Film Review – 127 Hours

As a bass line throbs under a techno beat, quick cuts, bright colors, and extravagant camera angles quickly and immediately introduce us to Aron Ralston, played by James Franco.  In a dash around his apartment he packs supplies for an outdoor adventure, camping trip.  In the background, against the pulsating music, a phone messaging machine plays back a missed call from Aron’s sister.  Within moments we are out the door, down a highway, and headed towards Canyonlands National Park, Utah.  Aron is a mountain climber, and all around outdoor enthusiast.  On vacation, exploring the massive canyons and rock formations the park has to offer, in an unexpected moment Aron is put in a life altering situation.  This is 127 Hours, the new film from Danny Boyle, the director of the Academy award winning film, Slumdog Millionaire.

Based on the non-fiction book, “Between a Rock and a Hard Place”, written by Aron Ralston, 127 Hours chronicles the account of the five days Aron spent in the depths of Canyonlands in May of 2003.  We are introduced to Aron Ralston in a colorful, hyperkinetic way that symbolically represents who Aron is; a fast-paced, extreme living, adrenaline seeking, adventurer.  Aron arrives at Canyonlands, unloads his bike and packed gear, and immediately heads for a destination 20 miles into the park.  Before doing so he comments on the estimated time the journey is calculated to take, according to the guide information, and professes to himself to shave some considerable time off of it.  As he gracefully glides across rock formations and down dirt paths into the canyons we are treated to the glorious wonders of the park as captured beautifully by cinematographers, Enrique Chediak, and Anthony Dod Mantle.

Along Aron’s journey to his destination he comes across two female hikers, Kristi and Megan, played by Kate Mara and Amber Tamblyn respectively.  Aron convinces the girls to join him for some fun around the park.  As he takes them on an unknown and potentially dangerous excursion the wild side of Aron’s character is brought to the surface.  James Franco plays the character of Aron with a sly charisma, both nodding to his childlike innocence to explore life, and to the dangers this aspect of his persona can provide to himself and others around him.  Aron is likeable, and his charm is inviting to the point of persuasion.  Throughout Aron’s trip he videotapes the things he finds worth watching again.  Here he films himself with the girls, filming their moment together, a piece of hope that will come back to play later.

After the girls and Aron part ways, Aron begins hoping throughout the canyons towards his destination.  In an instant Aron’s world changes as he becomes trapped inside a canyon.  At this point, a film built on perpetual motion, works cleverly to maintain the momentum as its main character is stationary for most of the remaining running time.  At first Aron finds clever and resourceful ways to be comfortable, eat, sleep and deal with the weather, but as time progresses his resources as well as his mental and physical faculties begin to wear thin.  It is interesting how, as we witness Aron trapped with no cell phone for communication, the realization it was only a short time ago cell phones were not as common or dependent a device as they are these days, sets in.

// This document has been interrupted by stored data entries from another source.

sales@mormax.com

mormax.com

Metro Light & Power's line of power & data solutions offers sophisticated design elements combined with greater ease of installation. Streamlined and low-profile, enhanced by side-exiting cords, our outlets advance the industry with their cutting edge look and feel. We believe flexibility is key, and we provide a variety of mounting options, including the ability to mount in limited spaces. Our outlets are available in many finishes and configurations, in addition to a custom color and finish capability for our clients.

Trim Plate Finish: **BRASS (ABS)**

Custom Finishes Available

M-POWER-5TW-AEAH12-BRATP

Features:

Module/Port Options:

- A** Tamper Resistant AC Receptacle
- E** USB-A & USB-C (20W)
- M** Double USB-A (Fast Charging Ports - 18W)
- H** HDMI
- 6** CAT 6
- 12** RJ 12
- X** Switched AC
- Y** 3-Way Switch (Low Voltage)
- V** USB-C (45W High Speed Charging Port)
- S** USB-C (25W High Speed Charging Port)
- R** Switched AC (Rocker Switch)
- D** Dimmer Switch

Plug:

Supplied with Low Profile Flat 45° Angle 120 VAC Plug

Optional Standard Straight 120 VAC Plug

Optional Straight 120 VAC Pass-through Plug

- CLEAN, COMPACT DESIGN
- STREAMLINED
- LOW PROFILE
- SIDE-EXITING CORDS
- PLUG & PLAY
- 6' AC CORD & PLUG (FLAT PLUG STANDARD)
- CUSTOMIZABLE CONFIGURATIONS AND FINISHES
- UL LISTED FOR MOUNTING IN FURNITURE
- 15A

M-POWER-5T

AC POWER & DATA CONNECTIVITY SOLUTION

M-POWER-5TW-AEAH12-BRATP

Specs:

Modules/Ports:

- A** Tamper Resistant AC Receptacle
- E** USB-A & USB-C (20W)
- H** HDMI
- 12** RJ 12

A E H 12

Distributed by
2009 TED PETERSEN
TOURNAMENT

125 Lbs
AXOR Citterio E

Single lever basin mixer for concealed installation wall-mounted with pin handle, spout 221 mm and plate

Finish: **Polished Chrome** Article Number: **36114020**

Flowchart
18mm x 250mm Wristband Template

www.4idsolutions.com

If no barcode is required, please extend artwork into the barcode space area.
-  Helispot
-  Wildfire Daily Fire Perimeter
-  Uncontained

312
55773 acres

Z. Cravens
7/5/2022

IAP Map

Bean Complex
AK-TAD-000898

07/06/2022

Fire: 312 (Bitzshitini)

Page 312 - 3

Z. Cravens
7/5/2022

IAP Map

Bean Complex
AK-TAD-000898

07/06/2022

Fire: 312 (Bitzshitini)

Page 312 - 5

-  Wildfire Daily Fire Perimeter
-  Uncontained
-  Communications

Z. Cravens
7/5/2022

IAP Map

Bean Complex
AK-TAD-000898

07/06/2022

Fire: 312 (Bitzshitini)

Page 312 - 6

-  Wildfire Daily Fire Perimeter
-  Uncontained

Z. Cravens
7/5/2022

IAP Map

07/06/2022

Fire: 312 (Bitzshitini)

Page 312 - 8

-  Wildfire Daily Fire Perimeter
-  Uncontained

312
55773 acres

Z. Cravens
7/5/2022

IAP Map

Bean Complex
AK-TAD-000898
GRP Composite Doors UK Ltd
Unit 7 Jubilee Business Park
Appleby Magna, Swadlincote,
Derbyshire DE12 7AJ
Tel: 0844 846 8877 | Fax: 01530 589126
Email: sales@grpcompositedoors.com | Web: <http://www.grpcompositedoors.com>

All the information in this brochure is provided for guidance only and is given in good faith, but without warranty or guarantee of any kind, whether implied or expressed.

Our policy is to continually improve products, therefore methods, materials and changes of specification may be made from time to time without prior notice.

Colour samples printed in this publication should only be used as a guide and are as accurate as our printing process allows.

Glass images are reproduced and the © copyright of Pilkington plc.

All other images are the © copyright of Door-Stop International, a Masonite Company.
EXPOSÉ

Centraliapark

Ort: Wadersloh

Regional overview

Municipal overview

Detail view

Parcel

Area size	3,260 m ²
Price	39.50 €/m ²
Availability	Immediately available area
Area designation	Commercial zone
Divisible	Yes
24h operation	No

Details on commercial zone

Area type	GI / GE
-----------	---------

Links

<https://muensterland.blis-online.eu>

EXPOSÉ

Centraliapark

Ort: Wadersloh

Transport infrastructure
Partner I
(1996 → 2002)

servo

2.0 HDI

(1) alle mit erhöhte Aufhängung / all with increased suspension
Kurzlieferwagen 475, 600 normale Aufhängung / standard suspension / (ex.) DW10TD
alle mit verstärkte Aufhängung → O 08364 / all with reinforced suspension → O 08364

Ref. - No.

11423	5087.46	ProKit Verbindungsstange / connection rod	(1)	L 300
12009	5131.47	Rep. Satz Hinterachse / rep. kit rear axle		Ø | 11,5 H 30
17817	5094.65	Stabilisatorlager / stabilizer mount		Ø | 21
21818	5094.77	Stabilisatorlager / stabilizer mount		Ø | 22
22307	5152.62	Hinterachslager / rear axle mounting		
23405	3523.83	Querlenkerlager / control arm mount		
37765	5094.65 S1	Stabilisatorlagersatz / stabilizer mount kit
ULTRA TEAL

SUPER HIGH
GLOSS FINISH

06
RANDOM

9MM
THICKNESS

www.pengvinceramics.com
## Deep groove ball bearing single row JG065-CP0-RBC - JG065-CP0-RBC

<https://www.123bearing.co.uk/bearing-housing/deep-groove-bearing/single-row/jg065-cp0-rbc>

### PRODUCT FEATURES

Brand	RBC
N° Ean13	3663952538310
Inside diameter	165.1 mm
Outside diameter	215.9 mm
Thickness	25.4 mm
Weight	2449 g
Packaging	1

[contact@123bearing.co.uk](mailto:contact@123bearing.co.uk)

Boyle, as director, expertly holds the audience captive to Aron’s situation and the choices he makes for himself.  One of the most impressive moments comes in a single shot when after being trapped, Aron calls for help, the camera pans up and away from him ascending into the sky above, stopping to give us a panorama view of Canyonlands.  In so doing we are shown both the beauty and the alienation that nature can provide.  As Aron’s predicament continues and he descends into despair, Boyle uses quick cut imagery, instantly recalling thoughts, past and present into Aron’s life.  We are never in one place too long, which helps the audience avoid the claustrophobic emotions of the environment Aron is confined to.   Instead Boyle uses the space to align us with Aron’s mental state and the final decision that lies ahead of him.

The movie ultimately climaxes with a moment the audience is intended to be anticipating from an early point.  What surely will be discussed, argued and objectified is this harrowing moment in which no one, not the camera, not the actors, and most importantly not the audiences’ memory shies away from.  The viscera of Aron’s choice are provided on screen stark, unflinching and so honest it is nauseating even in its imagination.  However, it is this length of unimaginable approach that provides an otherwise terse film with a more engaging emotional core, because it is through suffering that compassion lays.

Taking his first credit as co-screenwriter, Danny Boyle delivers a story that is stripped to its bare essentials.  For a movie based on a true story, very little time is spent attempting to define Aron as a person with moments of excessive character building, but instead the time is spent dealing with the facts of the situation presented to him, and letting his actions in them define him.  I for one have a hard time with films based on supposed true stories or events, as it is in the nature of the movie to change and exaggerate events to provide an exciting narrative.  No movie is one-hundred percent accurate or true to the real events it is retelling.  Knowing that, this movie works to provide the watcher with the purest experience it can, the actual event itself.  What everything combines to is a movie that becomes an experience, a jolting, terrifying, yet exciting and uplifting experience.

Final Grade: A


Benjamin Nason is a writer, film-maker and critic from the Pacific Northwest, where he lives with his cat Lulu.